** DATA FOR THE TASK follows **

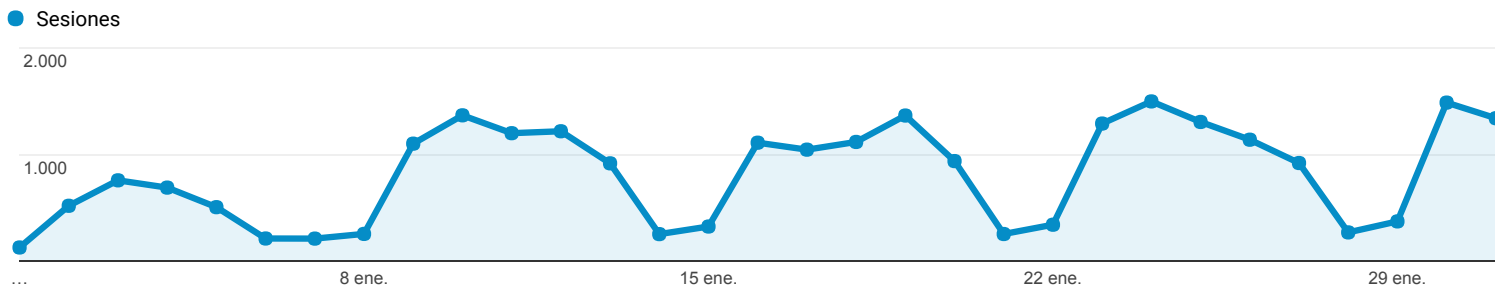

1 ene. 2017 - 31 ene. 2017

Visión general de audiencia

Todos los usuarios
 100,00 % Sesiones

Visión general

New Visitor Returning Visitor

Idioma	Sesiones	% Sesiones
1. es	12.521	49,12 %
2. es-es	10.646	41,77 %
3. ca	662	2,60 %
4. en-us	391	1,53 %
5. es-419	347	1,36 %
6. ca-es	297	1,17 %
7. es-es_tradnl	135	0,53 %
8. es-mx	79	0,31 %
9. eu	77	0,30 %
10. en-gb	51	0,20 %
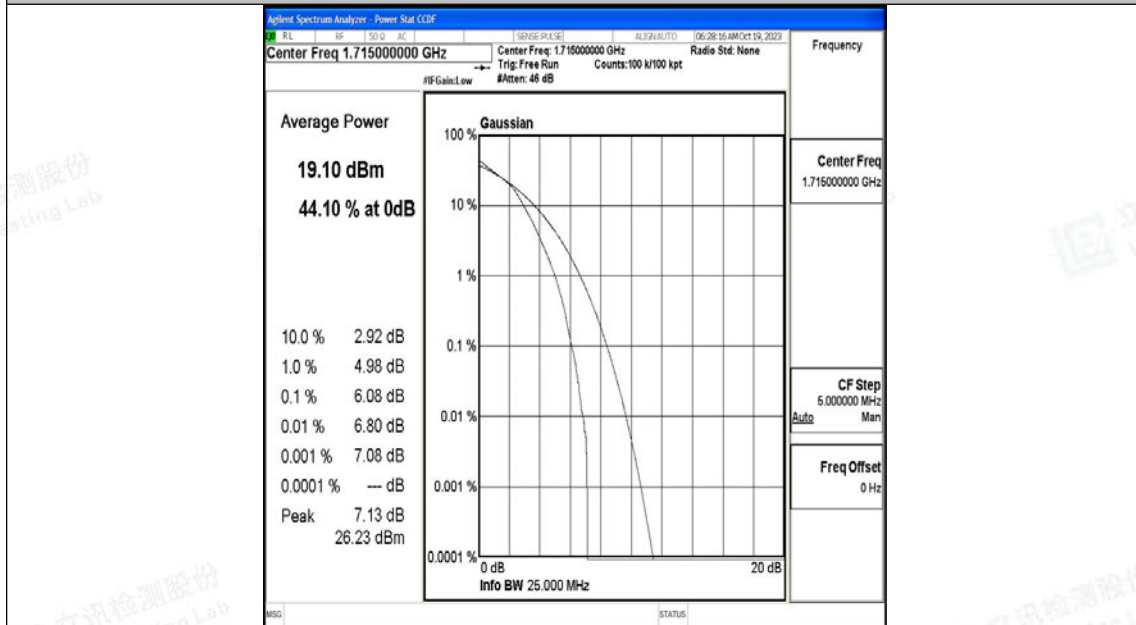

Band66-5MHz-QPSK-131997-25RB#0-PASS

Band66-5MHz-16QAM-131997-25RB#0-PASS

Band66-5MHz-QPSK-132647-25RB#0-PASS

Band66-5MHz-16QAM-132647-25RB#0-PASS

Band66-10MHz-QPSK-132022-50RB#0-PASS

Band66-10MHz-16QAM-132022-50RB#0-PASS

** End of DATA FOR THE TASK **
** DATA FOR THE TASK follows **

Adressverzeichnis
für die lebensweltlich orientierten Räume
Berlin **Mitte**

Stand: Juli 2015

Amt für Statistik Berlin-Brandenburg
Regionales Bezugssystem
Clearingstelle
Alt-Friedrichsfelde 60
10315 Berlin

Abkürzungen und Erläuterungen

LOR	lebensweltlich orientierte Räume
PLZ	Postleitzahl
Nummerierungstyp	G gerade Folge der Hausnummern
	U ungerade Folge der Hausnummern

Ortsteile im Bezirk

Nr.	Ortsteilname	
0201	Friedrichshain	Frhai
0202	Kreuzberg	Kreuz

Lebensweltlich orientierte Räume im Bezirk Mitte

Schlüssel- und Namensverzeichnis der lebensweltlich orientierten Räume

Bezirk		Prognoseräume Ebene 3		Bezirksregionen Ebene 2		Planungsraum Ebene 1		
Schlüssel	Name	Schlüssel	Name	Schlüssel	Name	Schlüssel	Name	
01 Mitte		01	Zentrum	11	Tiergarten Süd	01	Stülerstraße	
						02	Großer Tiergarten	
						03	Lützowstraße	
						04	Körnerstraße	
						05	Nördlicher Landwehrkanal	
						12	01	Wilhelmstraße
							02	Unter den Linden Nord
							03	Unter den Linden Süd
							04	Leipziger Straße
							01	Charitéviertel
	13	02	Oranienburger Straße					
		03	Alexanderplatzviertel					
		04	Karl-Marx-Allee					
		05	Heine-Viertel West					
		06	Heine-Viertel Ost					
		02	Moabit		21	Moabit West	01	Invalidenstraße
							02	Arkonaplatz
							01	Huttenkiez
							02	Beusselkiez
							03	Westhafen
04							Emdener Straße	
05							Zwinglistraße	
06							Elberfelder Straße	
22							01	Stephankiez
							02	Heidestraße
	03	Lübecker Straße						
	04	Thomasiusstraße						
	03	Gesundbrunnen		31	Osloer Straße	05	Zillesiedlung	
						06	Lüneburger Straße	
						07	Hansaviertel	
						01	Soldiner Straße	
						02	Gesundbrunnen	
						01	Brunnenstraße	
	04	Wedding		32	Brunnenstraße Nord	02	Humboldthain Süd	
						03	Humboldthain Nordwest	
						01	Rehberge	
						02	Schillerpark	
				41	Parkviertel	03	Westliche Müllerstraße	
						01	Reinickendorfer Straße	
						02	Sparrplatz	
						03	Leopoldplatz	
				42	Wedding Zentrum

** End of DATA FOR THE TASK **
** DATA FOR THE TASK follows **

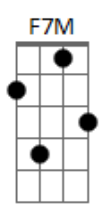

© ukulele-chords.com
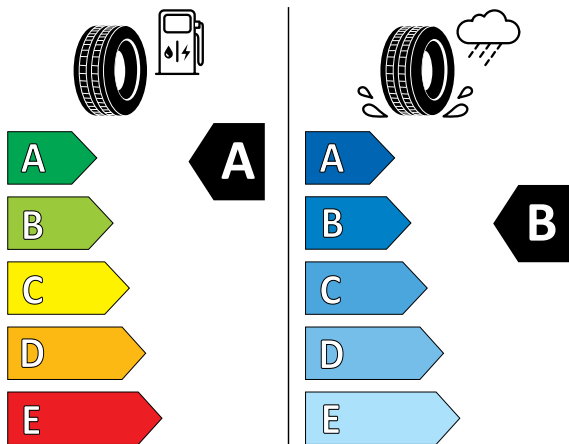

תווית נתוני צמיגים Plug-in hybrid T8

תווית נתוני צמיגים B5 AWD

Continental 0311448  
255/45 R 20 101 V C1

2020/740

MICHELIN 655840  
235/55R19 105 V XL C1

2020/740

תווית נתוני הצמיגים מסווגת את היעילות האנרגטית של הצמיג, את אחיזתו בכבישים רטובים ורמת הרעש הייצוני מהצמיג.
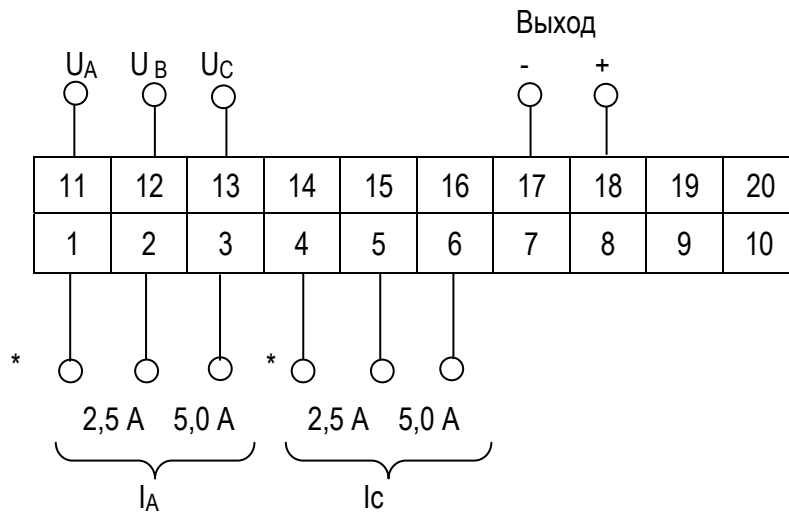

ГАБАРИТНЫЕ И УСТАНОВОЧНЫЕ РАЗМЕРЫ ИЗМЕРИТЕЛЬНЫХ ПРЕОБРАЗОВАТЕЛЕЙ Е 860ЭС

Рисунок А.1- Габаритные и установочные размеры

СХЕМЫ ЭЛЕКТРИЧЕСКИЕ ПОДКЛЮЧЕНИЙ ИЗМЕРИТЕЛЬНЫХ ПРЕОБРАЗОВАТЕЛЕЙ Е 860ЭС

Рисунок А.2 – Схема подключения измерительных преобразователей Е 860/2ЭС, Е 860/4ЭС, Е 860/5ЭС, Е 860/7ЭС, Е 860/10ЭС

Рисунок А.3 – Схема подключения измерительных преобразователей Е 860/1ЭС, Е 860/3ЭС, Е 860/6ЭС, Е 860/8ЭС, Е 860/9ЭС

** End of DATA FOR THE TASK **

**WORK REQUIRED**
In the entries above, find the lines containing the word "Zentrum" and say how many there are, with no other words.

**TASK OUTPUT**
2